**PROVIDED RECORDS:**
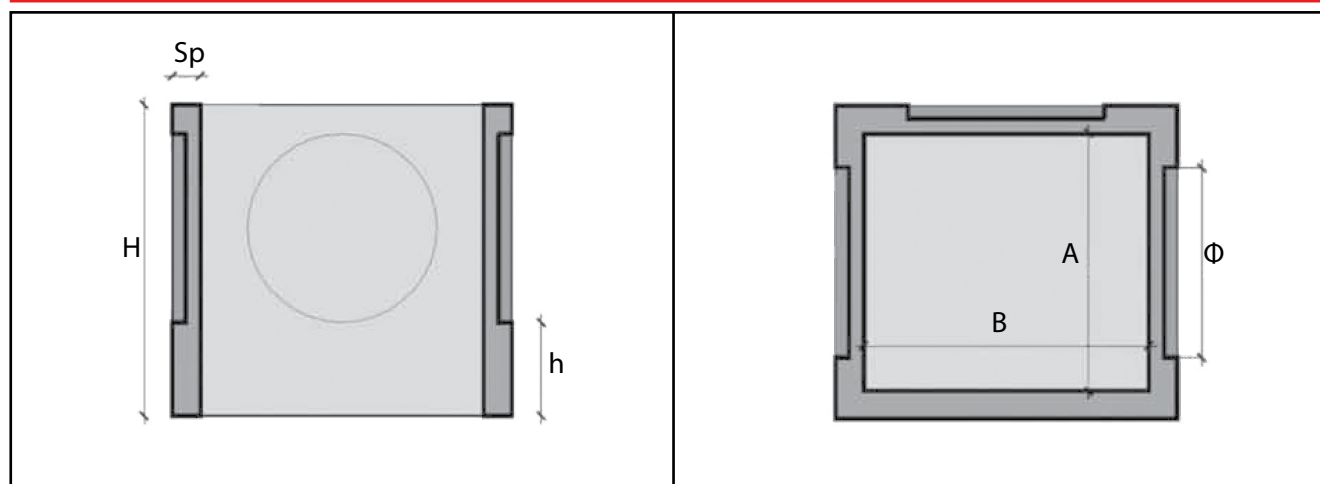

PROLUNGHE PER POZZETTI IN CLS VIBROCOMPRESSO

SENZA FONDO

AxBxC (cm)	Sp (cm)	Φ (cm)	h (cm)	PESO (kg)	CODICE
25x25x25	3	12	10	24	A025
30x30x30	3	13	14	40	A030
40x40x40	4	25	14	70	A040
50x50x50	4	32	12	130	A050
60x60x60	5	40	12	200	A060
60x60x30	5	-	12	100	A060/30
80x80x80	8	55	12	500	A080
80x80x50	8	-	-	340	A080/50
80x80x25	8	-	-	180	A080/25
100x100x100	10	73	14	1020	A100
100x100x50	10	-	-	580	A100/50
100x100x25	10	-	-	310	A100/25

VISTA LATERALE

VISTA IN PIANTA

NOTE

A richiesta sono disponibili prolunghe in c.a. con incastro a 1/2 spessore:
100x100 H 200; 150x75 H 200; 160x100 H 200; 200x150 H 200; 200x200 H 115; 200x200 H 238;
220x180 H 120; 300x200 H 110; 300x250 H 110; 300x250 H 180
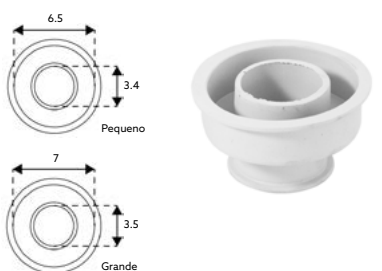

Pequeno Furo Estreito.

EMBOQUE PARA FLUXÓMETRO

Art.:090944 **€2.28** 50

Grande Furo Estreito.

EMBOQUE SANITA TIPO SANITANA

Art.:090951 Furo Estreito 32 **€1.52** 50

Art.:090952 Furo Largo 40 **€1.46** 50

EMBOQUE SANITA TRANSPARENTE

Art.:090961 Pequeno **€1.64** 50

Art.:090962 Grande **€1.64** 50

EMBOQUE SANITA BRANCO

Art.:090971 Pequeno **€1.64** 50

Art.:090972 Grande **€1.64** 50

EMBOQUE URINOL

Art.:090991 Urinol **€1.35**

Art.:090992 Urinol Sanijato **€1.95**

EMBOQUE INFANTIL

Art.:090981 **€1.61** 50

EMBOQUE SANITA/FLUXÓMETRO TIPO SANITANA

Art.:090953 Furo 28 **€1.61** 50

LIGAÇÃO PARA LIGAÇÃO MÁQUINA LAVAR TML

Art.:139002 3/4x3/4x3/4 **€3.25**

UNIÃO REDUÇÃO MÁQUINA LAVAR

**REQUIRED WORK:** Without any pictures, transcribe the listing above exactly as written.

**OUTPUT:**
PROLUNGHE PER POZZETTI IN CLS VIBROCOMPRESSO

SENZA FONDO

AxBxC (cm)	Sp (cm)	Φ (cm)	h (cm)	PESO (kg)	CODICE
25x25x25	3	12	10	24	A025
30x30x30	3	13	14	40	A030
40x40x40	4	25	14	70	A040
50x50x50	4	32	12	130	A050
60x60x60	5	40	12	200	A060
60x60x30	5	-	12	100	A060/30
80x80x80	8	55	12	500	A080
80x80x50	8	-	-	340	A080/50
80x80x25	8	-	-	180	A080/25
100x100x100	10	73	14	1020	A100
100x100x50	10	-	-	580	A100/50
100x100x25	10	-	-	310	A100/25

VISTA LATERALE

VISTA IN PIANTA

NOTE

A richiesta sono disponibili prolunghe in c.a. con incastro a 1/2 spessore:
100x100 H 200; 150x75 H 200; 160x100 H 200; 200x150 H 200; 200x200 H 115; 200x200 H 238;
220x180 H 120; 300x200 H 110; 300x250 H 110; 300x250 H 180

Pequeno Furo Estreito.

EMBOQUE PARA FLUXÓMETRO

Art.:090944 **€2.28** 50

Grande Furo Estreito.

EMBOQUE SANITA TIPO SANITANA

Art.:090951 Furo Estreito 32 **€1.52** 50

Art.:090952 Furo Largo 40 **€1.46** 50

EMBOQUE SANITA TRANSPARENTE

Art.:090961 Pequeno **€1.64** 50

Art.:090962 Grande **€1.64** 50

EMBOQUE SANITA BRANCO

Art.:090971 Pequeno **€1.64** 50

Art.:090972 Grande **€1.64** 50

EMBOQUE URINOL

Art.:090991 Urinol **€1.35**

Art.:090992 Urinol Sanijato **€1.95**

EMBOQUE INFANTIL

Art.:090981 **€1.61** 50

EMBOQUE SANITA/FLUXÓMETRO TIPO SANITANA

Art.:090953 Furo 28 **€1.61** 50

LIGAÇÃO PARA LIGAÇÃO MÁQUINA LAVAR TML

Art.:139002 3/4x3/4x3/4 **€3.25**

UNIÃO REDUÇÃO MÁQUINA LAVAR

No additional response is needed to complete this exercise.